======== TASK MATERIAL ========
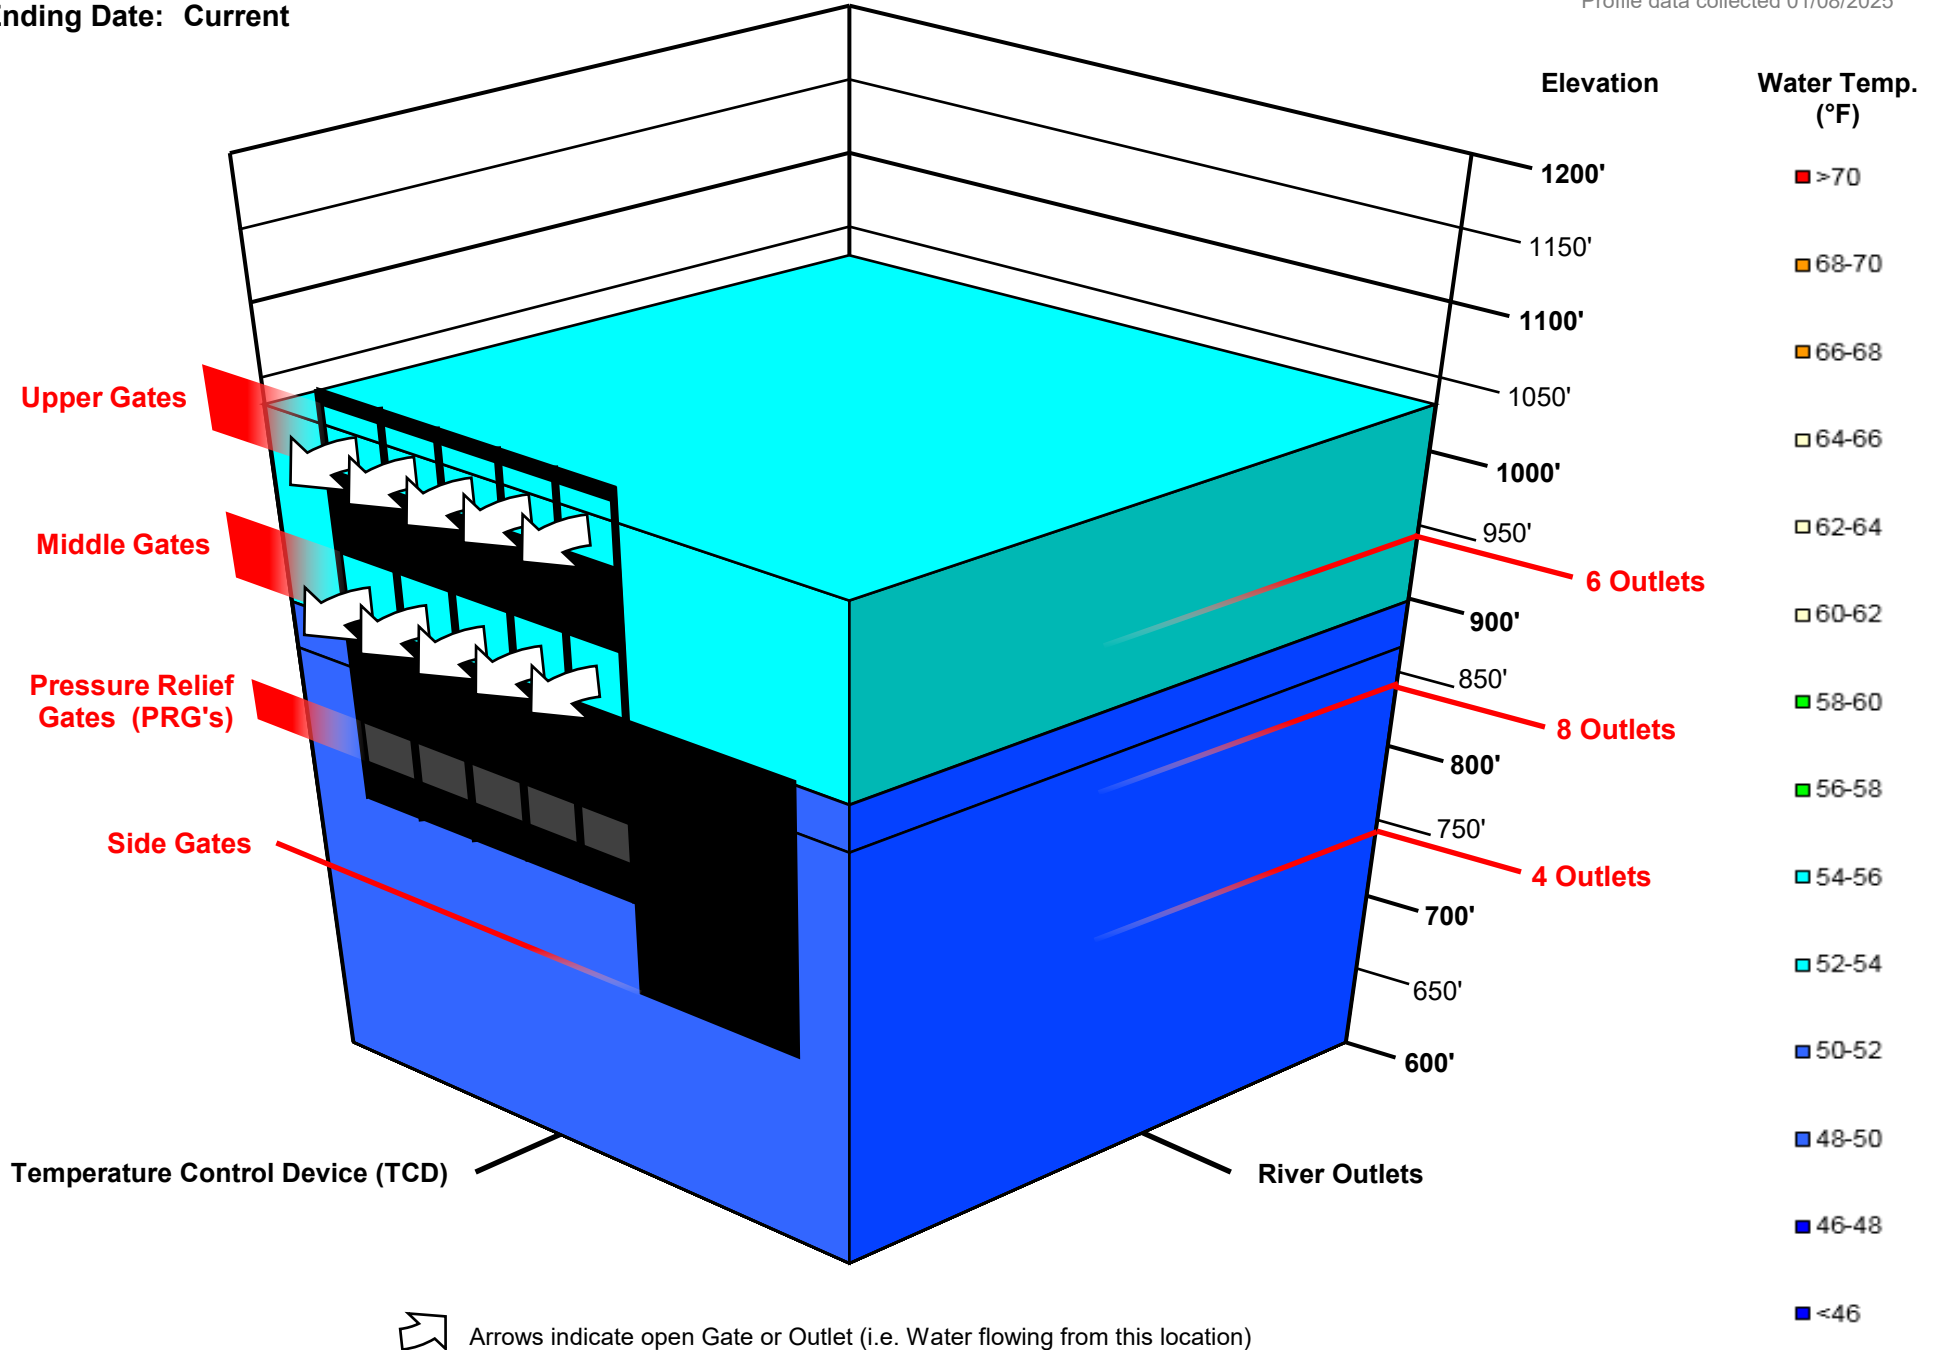

Shasta TCD Configuration

Starting Date: 1/15/2025

Ending Date: Current

Profile data collected 01/08/2025

Shasta TCD Configuration

Starting Date: 1/2/2025

Ending Date: 1/15/2025

Profile data collected 01/08/2025

Shasta TCD Configuration

Starting Date: 1/2/2025

Ending Date: 1/15/2025

Profile data collected 12/03/2024

Arrows indicate open Gate or Outlet (i.e. Water flowing from this location)

Shasta TCD Configuration

Starting Date: 12/17/2024

Ending Date: 1/2/2025

Profile data collected 12/03/2024
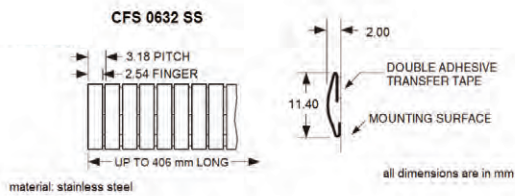

CONDUCTIVE FINGER STRIPS

CFS Shielding

Nolato PPT
Unit 12 Maldon Trade park
The Causeway, Maldon
CM9 4LJ

T: +44 (0)1376 550 525
W: www.p-p-t.co.uk
E: sales.ppt@nolato.com
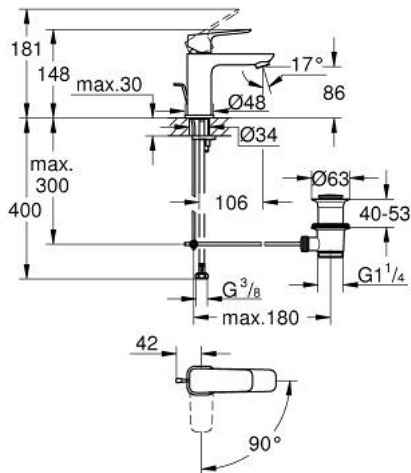

10 173 024 30 **GROHE CUBE0 SINGLE-LEVER BASIN MIXER 1/2"**
S-SIZE

PRODUCT DESCRIPTION

- Colour: Matte Black
- single hole installation
- metal lever
- GROHE SilkMove 28 mm ceramic cartridge
- OpenCold - cold water flow in mid-lever position
- adjustable flow rate limiter
- with temperature limiter
- AquaCalibrator
- maximum flow rate (at 3 bar): 5 l/min
- GROHE FastFixation installation system
- pop-up waste set 1 1/4"
- flexible connection hoses

10 173 024 30 **GROHE CUBEO SINGLE-LEVER BASIN MIXER 1/2"**
S-SIZE

SPARE PARTS, januar 2023 – now

- 1: lever (Spare part-nr. 1060182430)
- 2: Cap (Spare part-nr. 465812430)
- 3: Fitting ring (Spare part-nr. 07419000)
- 4: Cubeo Cartridge (Spare part-nr. 1060179990)
- 5: Mousseur (Spare part-nr. 481592430)
- 6: lift rod (Spare part-nr. 659362430)
- 7: Cubeo Rosette (Spare part-nr. 1060152430)
- 8: Shank mounting kit (Spare part-nr. 46249000)
- 9: Waste set 1 1/4" (Spare part-nr. 289102430)
- 9.1: Plug (Spare part-nr. 071822430)
- 9.2: Eccentric rod (Spare part-nr. 07052000)
- 10: Mounting wrench (Spare part-nr. 19017000)*
- 11: Eccentric rod (Spare part-nr. 07341000)*
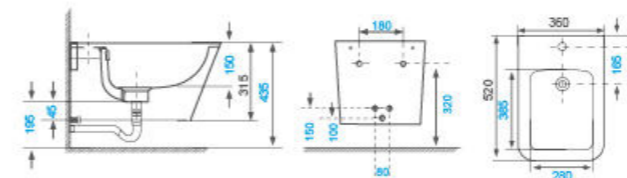

Floor-mounted Toilet

AB-1263BTW

- Flushing Principle: Washdown
- Drainage Patterns: S-trap 50-85mm
- Size: 540x360x455mm
- Optional Accessories: Soft-closing seat cover

Two-piece Toilet

AB-1263C

- Flushing Principle: Washdown
- Drainage Patterns: P-trap 185mm S-trap 100-220mm
- Size: 670x375x815mm
- Optional Accessories: Soft-closing seat cover

Wall-hung Bidet

AB-0506

- Flushing Principle: Washdown
- Drainage Patterns: P-trap
- Size: 520x360x315mm
- Optional Accessories: Soft-closing seat cover

Floor-mounted Bidet

AB-1266

- Flushing Principle: Washdown
- Drainage Patterns: P-trap
- Size: 545x365x420mm
- Optional Accessories: Soft-closing seat cover
========
• **EXERCISE REQUIREMENTS**
Output, exactly, all the records above; include no pictures.

• **YOUR RESPONSE**
Shasta TCD Configuration

Starting Date: 1/15/2025

Ending Date: Current

Profile data collected 01/08/2025

Shasta TCD Configuration

Starting Date: 1/2/2025

Ending Date: 1/15/2025

Profile data collected 01/08/2025

Shasta TCD Configuration

Starting Date: 1/2/2025

Ending Date: 1/15/2025

Profile data collected 12/03/2024

Arrows indicate open Gate or Outlet (i.e. Water flowing from this location)

Shasta TCD Configuration

Starting Date: 12/17/2024

Ending Date: 1/2/2025

Profile data collected 12/03/2024

CONDUCTIVE FINGER STRIPS

CFS Shielding

Nolato PPT
Unit 12 Maldon Trade park
The Causeway, Maldon
CM9 4LJ

T: +44 (0)1376 550 525
W: www.p-p-t.co.uk
E: sales.ppt@nolato.com

10 173 024 30 **GROHE CUBE0 SINGLE-LEVER BASIN MIXER 1/2"**
S-SIZE

PRODUCT DESCRIPTION

- Colour: Matte Black
- single hole installation
- metal lever
- GROHE SilkMove 28 mm ceramic cartridge
- OpenCold - cold water flow in mid-lever position
- adjustable flow rate limiter
- with temperature limiter
- AquaCalibrator
- maximum flow rate (at 3 bar): 5 l/min
- GROHE FastFixation installation system
- pop-up waste set 1 1/4"
- flexible connection hoses

10 173 024 30 **GROHE CUBEO SINGLE-LEVER BASIN MIXER 1/2"**
S-SIZE

SPARE PARTS, januar 2023 – now

- 1: lever (Spare part-nr. 1060182430)
- 2: Cap (Spare part-nr. 465812430)
- 3: Fitting ring (Spare part-nr. 07419000)
- 4: Cubeo Cartridge (Spare part-nr. 1060179990)
- 5: Mousseur (Spare part-nr. 481592430)
- 6: lift rod (Spare part-nr. 659362430)
- 7: Cubeo Rosette (Spare part-nr. 1060152430)
- 8: Shank mounting kit (Spare part-nr. 46249000)
- 9: Waste set 1 1/4" (Spare part-nr. 289102430)
- 9.1: Plug (Spare part-nr. 071822430)
- 9.2: Eccentric rod (Spare part-nr. 07052000)
- 10: Mounting wrench (Spare part-nr. 19017000)*
- 11: Eccentric rod (Spare part-nr. 07341000)*

Floor-mounted Toilet

AB-1263BTW

- Flushing Principle: Washdown
- Drainage Patterns: S-trap 50-85mm
- Size: 540x360x455mm
- Optional Accessories: Soft-closing seat cover

Two-piece Toilet

AB-1263C

- Flushing Principle: Washdown
- Drainage Patterns: P-trap 185mm S-trap 100-220mm
- Size: 670x375x815mm
- Optional Accessories: Soft-closing seat cover

Wall-hung Bidet

AB-0506

- Flushing Principle: Washdown
- Drainage Patterns: P-trap
- Size: 520x360x315mm
- Optional Accessories: Soft-closing seat cover

Floor-mounted Bidet

AB-1266

- Flushing Principle: Washdown
- Drainage Patterns: P-trap
- Size: 545x365x420mm
- Optional Accessories: Soft-closing seat cover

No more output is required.